The records below are to be written out exactly, with every picture omitted.

[Dataset excerpts]
>>>

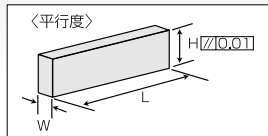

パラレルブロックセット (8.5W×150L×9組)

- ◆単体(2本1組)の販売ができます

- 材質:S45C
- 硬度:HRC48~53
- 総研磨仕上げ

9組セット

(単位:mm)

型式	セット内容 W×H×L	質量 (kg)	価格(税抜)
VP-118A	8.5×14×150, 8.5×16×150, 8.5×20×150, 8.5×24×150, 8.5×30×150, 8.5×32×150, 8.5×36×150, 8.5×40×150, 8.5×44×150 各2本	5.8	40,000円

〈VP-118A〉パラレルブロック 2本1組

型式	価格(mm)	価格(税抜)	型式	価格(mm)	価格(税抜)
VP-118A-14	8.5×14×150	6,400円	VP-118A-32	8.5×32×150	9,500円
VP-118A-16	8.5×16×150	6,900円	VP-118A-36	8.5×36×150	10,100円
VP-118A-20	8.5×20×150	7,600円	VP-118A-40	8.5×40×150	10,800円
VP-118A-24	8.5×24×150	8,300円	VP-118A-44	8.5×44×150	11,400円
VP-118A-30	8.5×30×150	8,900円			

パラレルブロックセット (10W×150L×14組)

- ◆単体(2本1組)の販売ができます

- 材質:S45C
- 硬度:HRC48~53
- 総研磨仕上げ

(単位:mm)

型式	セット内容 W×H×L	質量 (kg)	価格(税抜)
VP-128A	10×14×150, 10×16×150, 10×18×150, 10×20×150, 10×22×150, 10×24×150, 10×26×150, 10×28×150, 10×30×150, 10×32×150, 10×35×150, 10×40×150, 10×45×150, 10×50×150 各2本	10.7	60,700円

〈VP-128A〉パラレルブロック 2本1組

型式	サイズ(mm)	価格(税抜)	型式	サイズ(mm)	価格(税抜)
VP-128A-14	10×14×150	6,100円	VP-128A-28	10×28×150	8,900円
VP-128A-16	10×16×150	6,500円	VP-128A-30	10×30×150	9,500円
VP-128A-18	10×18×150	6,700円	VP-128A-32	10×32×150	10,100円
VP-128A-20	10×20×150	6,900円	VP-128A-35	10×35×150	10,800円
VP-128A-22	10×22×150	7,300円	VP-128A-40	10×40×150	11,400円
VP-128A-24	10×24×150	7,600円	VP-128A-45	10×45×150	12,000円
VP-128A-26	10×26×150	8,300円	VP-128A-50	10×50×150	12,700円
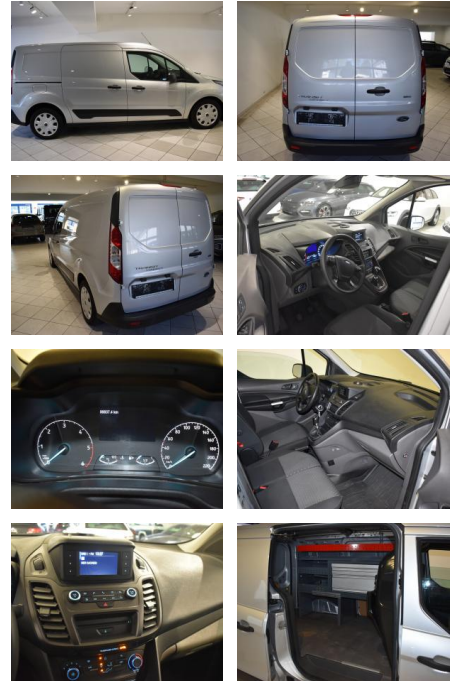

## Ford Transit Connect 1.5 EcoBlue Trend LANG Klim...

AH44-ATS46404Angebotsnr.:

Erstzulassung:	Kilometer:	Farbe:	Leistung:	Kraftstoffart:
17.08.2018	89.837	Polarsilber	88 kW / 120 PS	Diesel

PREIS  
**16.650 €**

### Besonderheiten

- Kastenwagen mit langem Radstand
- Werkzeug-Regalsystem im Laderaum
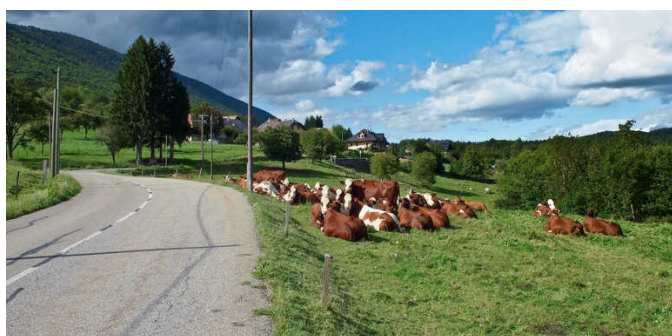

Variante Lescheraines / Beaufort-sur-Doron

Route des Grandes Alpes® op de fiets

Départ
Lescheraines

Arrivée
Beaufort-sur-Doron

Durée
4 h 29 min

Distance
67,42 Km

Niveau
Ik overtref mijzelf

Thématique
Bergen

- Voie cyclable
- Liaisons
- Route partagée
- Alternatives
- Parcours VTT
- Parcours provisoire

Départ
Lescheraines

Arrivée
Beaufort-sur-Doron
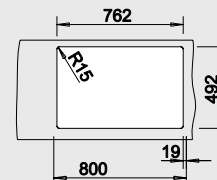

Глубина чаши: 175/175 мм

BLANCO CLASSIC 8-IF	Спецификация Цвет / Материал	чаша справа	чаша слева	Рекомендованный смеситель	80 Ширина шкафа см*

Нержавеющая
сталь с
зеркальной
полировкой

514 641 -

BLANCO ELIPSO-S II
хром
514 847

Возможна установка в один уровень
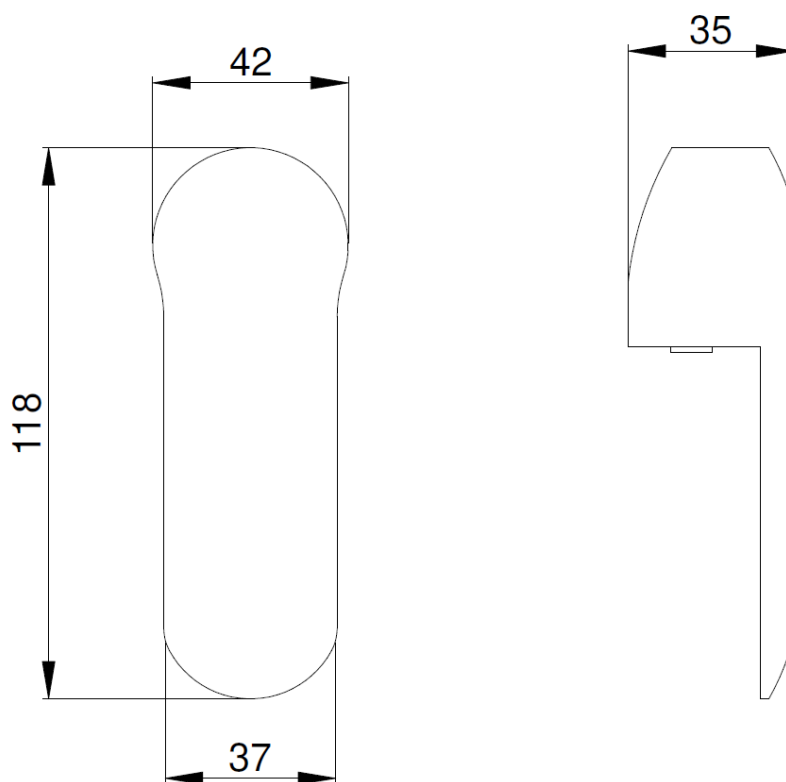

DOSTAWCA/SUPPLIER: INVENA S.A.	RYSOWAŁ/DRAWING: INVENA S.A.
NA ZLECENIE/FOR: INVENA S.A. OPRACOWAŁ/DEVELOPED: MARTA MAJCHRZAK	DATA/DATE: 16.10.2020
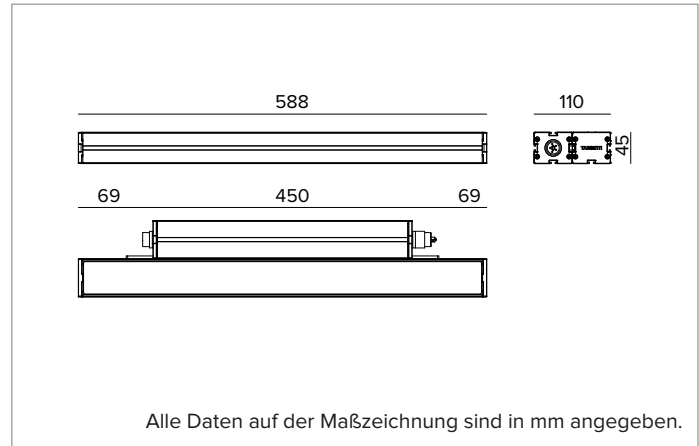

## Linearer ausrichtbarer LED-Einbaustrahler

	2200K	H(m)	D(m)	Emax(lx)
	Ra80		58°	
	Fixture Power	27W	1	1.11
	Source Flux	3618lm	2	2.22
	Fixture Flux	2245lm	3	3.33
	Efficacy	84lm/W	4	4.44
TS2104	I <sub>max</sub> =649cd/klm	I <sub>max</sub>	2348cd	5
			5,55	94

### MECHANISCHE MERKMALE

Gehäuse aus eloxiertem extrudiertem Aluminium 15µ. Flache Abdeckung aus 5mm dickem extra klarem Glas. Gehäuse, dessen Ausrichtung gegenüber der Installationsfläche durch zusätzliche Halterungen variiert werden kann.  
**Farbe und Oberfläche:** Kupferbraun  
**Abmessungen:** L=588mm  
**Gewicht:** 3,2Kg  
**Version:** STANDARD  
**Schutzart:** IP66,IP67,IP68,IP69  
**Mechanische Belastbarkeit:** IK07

<<<

### Answer space
パラレルブロックセット (8.5W×150L×9組)

- ◆単体(2本1組)の販売ができます

- 材質:S45C
- 硬度:HRC48~53
- 総研磨仕上げ

9組セット

(単位:mm)

型式	セット内容 W×H×L	質量 (kg)	価格(税抜)
VP-118A	8.5×14×150, 8.5×16×150, 8.5×20×150, 8.5×24×150, 8.5×30×150, 8.5×32×150, 8.5×36×150, 8.5×40×150, 8.5×44×150 各2本	5.8	40,000円

〈VP-118A〉パラレルブロック 2本1組

型式	価格(mm)	価格(税抜)	型式	価格(mm)	価格(税抜)
VP-118A-14	8.5×14×150	6,400円	VP-118A-32	8.5×32×150	9,500円
VP-118A-16	8.5×16×150	6,900円	VP-118A-36	8.5×36×150	10,100円
VP-118A-20	8.5×20×150	7,600円	VP-118A-40	8.5×40×150	10,800円
VP-118A-24	8.5×24×150	8,300円	VP-118A-44	8.5×44×150	11,400円
VP-118A-30	8.5×30×150	8,900円			

パラレルブロックセット (10W×150L×14組)

- ◆単体(2本1組)の販売ができます

- 材質:S45C
- 硬度:HRC48~53
- 総研磨仕上げ

(単位:mm)

型式	セット内容 W×H×L	質量 (kg)	価格(税抜)
VP-128A	10×14×150, 10×16×150, 10×18×150, 10×20×150, 10×22×150, 10×24×150, 10×26×150, 10×28×150, 10×30×150, 10×32×150, 10×35×150, 10×40×150, 10×45×150, 10×50×150 各2本	10.7	60,700円

〈VP-128A〉パラレルブロック 2本1組

型式	サイズ(mm)	価格(税抜)	型式	サイズ(mm)	価格(税抜)
VP-128A-14	10×14×150	6,100円	VP-128A-28	10×28×150	8,900円
VP-128A-16	10×16×150	6,500円	VP-128A-30	10×30×150	9,500円
VP-128A-18	10×18×150	6,700円	VP-128A-32	10×32×150	10,100円
VP-128A-20	10×20×150	6,900円	VP-128A-35	10×35×150	10,800円
VP-128A-22	10×22×150	7,300円	VP-128A-40	10×40×150	11,400円
VP-128A-24	10×24×150	7,600円	VP-128A-45	10×45×150	12,000円
VP-128A-26	10×26×150	8,300円	VP-128A-50	10×50×150	12,700円

## Ford Transit Connect 1.5 EcoBlue Trend LANG Klim...

AH44-ATS46404Angebotsnr.:

Erstzulassung:	Kilometer:	Farbe:	Leistung:	Kraftstoffart:
17.08.2018	89.837	Polarsilber	88 kW / 120 PS	Diesel

PREIS  
**16.650 €**

### Besonderheiten

- Kastenwagen mit langem Radstand
- Werkzeug-Regalsystem im Laderaum

Variante Lescheraines / Beaufort-sur-Doron

Route des Grandes Alpes® op de fiets

Départ
Lescheraines

Arrivée
Beaufort-sur-Doron

Durée
4 h 29 min

Distance
67,42 Km

Niveau
Ik overtref mijzelf

Thématique
Bergen

- Voie cyclable
- Liaisons
- Route partagée
- Alternatives
- Parcours VTT
- Parcours provisoire

Départ
Lescheraines

Arrivée
Beaufort-sur-Doron

Глубина чаши: 175/175 мм

BLANCO CLASSIC 8-IF	Спецификация Цвет / Материал	чаша справа	чаша слева	Рекомендованный смеситель	80 Ширина шкафа см*

Нержавеющая
сталь с
зеркальной
полировкой

514 641 -

BLANCO ELIPSO-S II
хром
514 847

Возможна установка в один уровень

DOSTAWCA/SUPPLIER: INVENA S.A.	RYSOWAŁ/DRAWING: INVENA S.A.
NA ZLECENIE/FOR: INVENA S.A. OPRACOWAŁ/DEVELOPED: MARTA MAJCHRZAK	DATA/DATE: 16.10.2020

## Linearer ausrichtbarer LED-Einbaustrahler

	2200K	H(m)	D(m)	Emax(lx)
	Ra80		58°	
	Fixture Power	27W	1	1.11
	Source Flux	3618lm	2	2.22
	Fixture Flux	2245lm	3	3.33
	Efficacy	84lm/W	4	4.44
TS2104	I <sub>max</sub> =649cd/klm	I <sub>max</sub>	2348cd	5
			5,55	94

### MECHANISCHE MERKMALE

Gehäuse aus eloxiertem extrudiertem Aluminium 15µ. Flache Abdeckung aus 5mm dickem extra klarem Glas. Gehäuse, dessen Ausrichtung gegenüber der Installationsfläche durch zusätzliche Halterungen variiert werden kann.  
**Farbe und Oberfläche:** Kupferbraun  
**Abmessungen:** L=588mm  
**Gewicht:** 3,2Kg  
**Version:** STANDARD  
**Schutzart:** IP66,IP67,IP68,IP69  
**Mechanische Belastbarkeit:** IK07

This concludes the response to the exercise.